The Director of FEMA, Alhaji Abbas Idris, who disclosed this in an interview with Journalists in Abuja, expressed the agency’s resolve to improve its emergency services in 2015.
Idris said that the agency would achieve this by promptly responding to disasters within the territory, to save more lives and property of residents.
“We were able to save 3.7 billion naira worth of property as well as 435 lives through our emergency services between January and October 2014, and we intend to improve on this.
“The issue of fire outbreak was particularly prevalent during the festive period when some people travelled out of their homes without switching off their appliances.
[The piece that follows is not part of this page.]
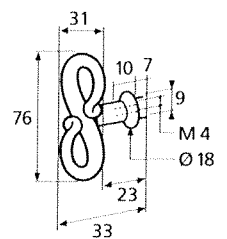

V   VI   Liane   VII

“During the yuletide season, we recorded an average of five to seven fire outbreaks in various parts of Abuja and we were able to respond to them appropriately”, the FEMA director said.
Idris advised FCT residents to turn off electrical appliances when they leave their homes and to avoid bush-burning, adding that the agency would embark on the sensitisation of residents on how to manage emergency situations.
He said “we are planning to embark on a sensitisation and town hall meetings with residents of the FCT as a way of providing them with the basic information on how to tackle various emergencies”.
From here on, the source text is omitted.